Listed below are some important aspects to be considered before making an investment in Index funds:

  • Tracking Error – Before choosing an index fund, investors must check for ones that have minimum tracking error. Since index funds aim to mirror the performance of an index, there could be deviations from the returns of the index. This is popularly known as tracking error. If an index fund has a lower tracking error, it indicates a better fund performance.
  • Investment objective – Investors must carefully consider their investment objective against that of the index fund scheme. Both should be in alignment to fetch maximum benefits in the long run.
  • Risk category – Investors must ensure a good mix of index funds and actively managed funds in their investment portfolio. This is because, during a market slowdown, the index fund valuation may slide down too. Index funds are less affected by equity-related volatility and associated risks since they follow an index.
  • Expense ratio – Although index funds have a far lower expense ratio when compared to other mutual funds, the expense ratio among various index funds could vary. To maximise profits, investors must pick an index fund with a low expense ratio.

End Note

Investing in an index fund is easy. All it requires is careful consideration of investment strategy, choosing an index fund, and following the documentation to begin the investment. 


Frequently Asked Questions

Which is the best index fund to invest in India?
Depending on an investor’s investment strategy, there are various index funds available in the market. Investors must carefully consider aspects such as market-cap focus, expense ratio, tracking error, etc before picking an index fund. Use the Fisdom app to invest in some of the best index fund options.

How can I invest directly in index funds?
You can invest in an index fund by either approaching the AMC office of the chosen fund or you can invest through Fisdom app, which has an easy-to-follow investment process. You can also approach a broker to initiate the investment process.

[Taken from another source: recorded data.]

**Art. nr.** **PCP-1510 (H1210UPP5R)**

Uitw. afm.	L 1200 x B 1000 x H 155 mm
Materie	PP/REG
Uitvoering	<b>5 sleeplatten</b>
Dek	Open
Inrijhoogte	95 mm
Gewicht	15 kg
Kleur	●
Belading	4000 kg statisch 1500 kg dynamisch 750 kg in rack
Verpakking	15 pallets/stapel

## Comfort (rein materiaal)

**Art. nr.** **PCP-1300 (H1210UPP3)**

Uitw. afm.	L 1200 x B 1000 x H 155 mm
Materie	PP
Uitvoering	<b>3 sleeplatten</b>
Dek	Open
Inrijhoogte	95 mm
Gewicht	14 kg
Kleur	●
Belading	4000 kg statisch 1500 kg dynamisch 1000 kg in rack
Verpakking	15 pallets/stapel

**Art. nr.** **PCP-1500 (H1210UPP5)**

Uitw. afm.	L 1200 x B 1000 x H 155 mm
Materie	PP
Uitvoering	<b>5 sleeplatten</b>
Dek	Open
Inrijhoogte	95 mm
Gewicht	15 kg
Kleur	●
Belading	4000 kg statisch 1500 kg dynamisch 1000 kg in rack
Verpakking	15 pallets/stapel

How much should I invest in index funds?
Index fund investment should be made as part of a diverse portfolio of investments. Depending on your financial capability and specific goals, you can make index fund investment with small amounts through SIP or opt for a lump-sum investment.

What are the advantages of index funds?
Index funds offer various advantages like lower expense ratio, investment diversification, liquidity, efficient asset allocation, etc.

Do index funds involve fees?
Index funds have lower management and transaction fees as compared to regular mutual funds, because these are passively managed. Also, these do not require constant revamp of stock portfolio because the strategy is to mirror an index’s stock composition at all times. This results in comparatively lower transaction fees.